WHAT NEEDS TO BE DONE: Would you count how many lines of the material below hold the string "šnúrký"? Give only the number.

▬▬▬▬▬▬

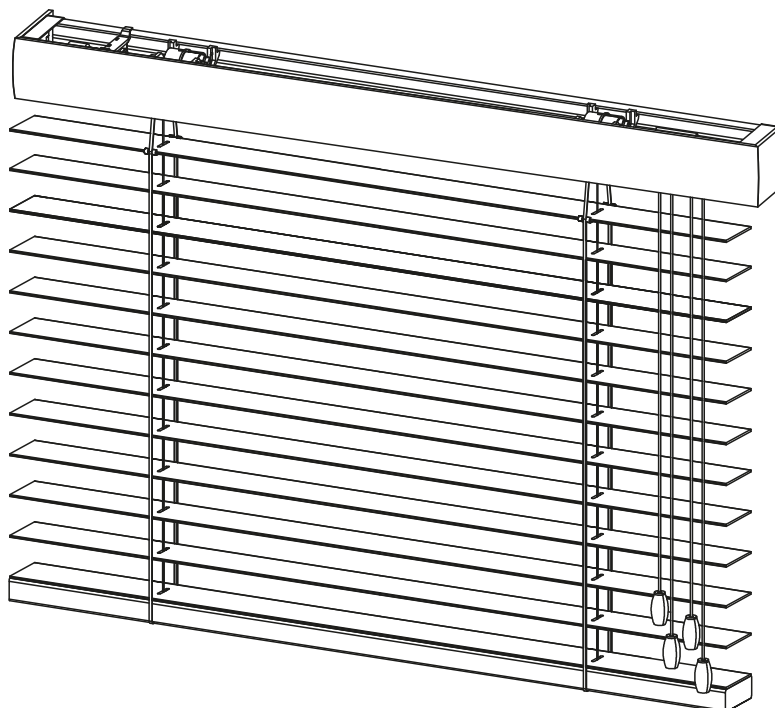

## WOOD CLASSIC 50

Masívna 50-ka, žalúzia s bambusovou lamelou 50 mm, ktorá sa dokonale hodí na okná o väčších rozmeroch (max. rozmery žalúzie 2400 x 3000). Žalúzia môže byť vyrobená so šnúrkovým alebo páskovým rebríčkom.

### Názov komponentu

1	Lamela
2	Klips
3	Horný nosník 57x51 mm
4	Záslepka horného nosníka
5	Prevodovka
6	Brzda šnúrký
7	Ovládací drôt
8	Ložisko
9	Rolka ložiska
10	Zarážka ovládacieho drôtu
11	Krycia lišta
12	Ovládacie šnúrký s drevenými koncovkami
13	Oceľové vodiace lanko alebo silón*
14	Rebríček šnúrkový/páskový**
15	Spodná lišta drevená
16	Záslepka rebríčka
17	Úchyt šnúrký (bezpečnosť detí)

### Názov úchyty

18	Vešiak G-TU50
19	Úchyt D-KPCV (transparentný)

\* Ak má žalúzia vodiace lanko

\*\* Podľa výberu

18

G-TU50

STANDARD

STANDARD

▬▬▬▬▬▬

WRITTEN REPLY: 3